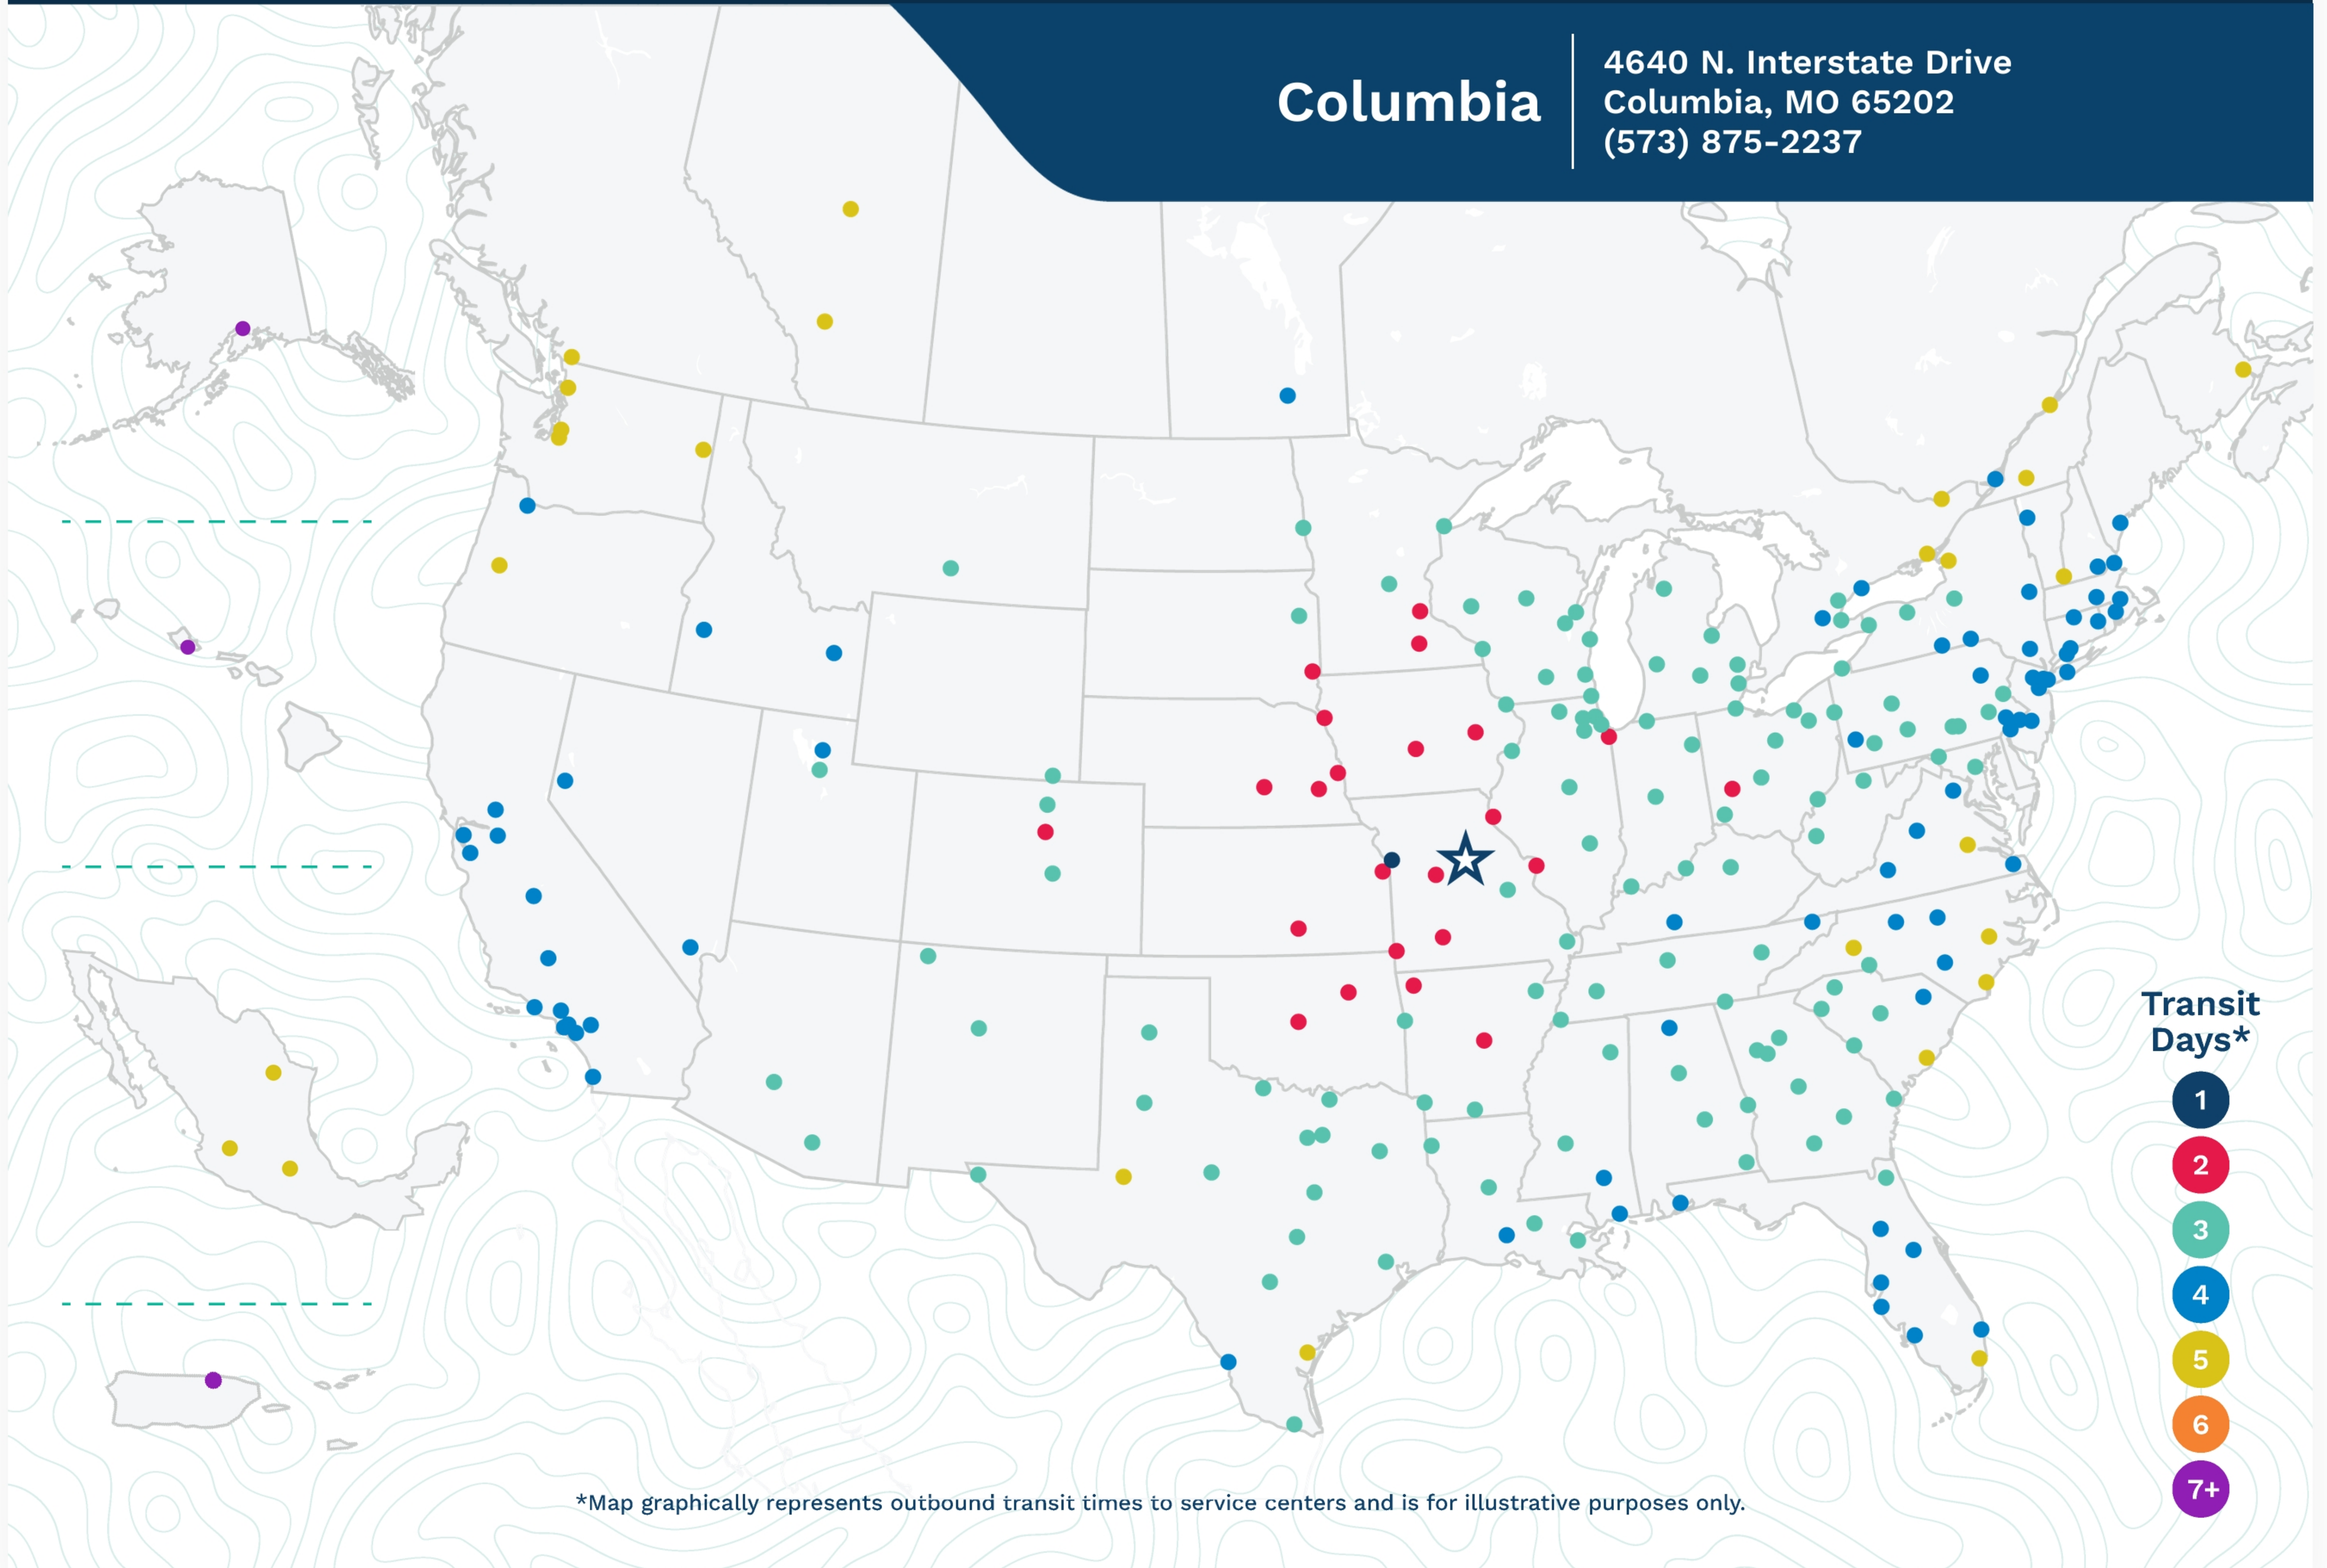

Advertised Transit Times

via the ABF Freight® Network

Columbia

4640 N. Interstate Drive
Columbia, MO 65202
(573) 875-2237

Transit Days*

- 1
- 2
- 3
- 4
- 5
- 6
- 7+

*Map graphically represents outbound transit times to service centers and is for illustrative purposes only.

+ + + + + + +

Find the line that contains "4640 N. Interstate Drive". Copy it and every line after it to the end of the records, exactly, and nothing more.

Answer to this task:
4640 N. Interstate Drive
Columbia, MO 65202
(573) 875-2237

Transit Days*

- 1
- 2
- 3
- 4
- 5
- 6
- 7+

*Map graphically represents outbound transit times to service centers and is for illustrative purposes only.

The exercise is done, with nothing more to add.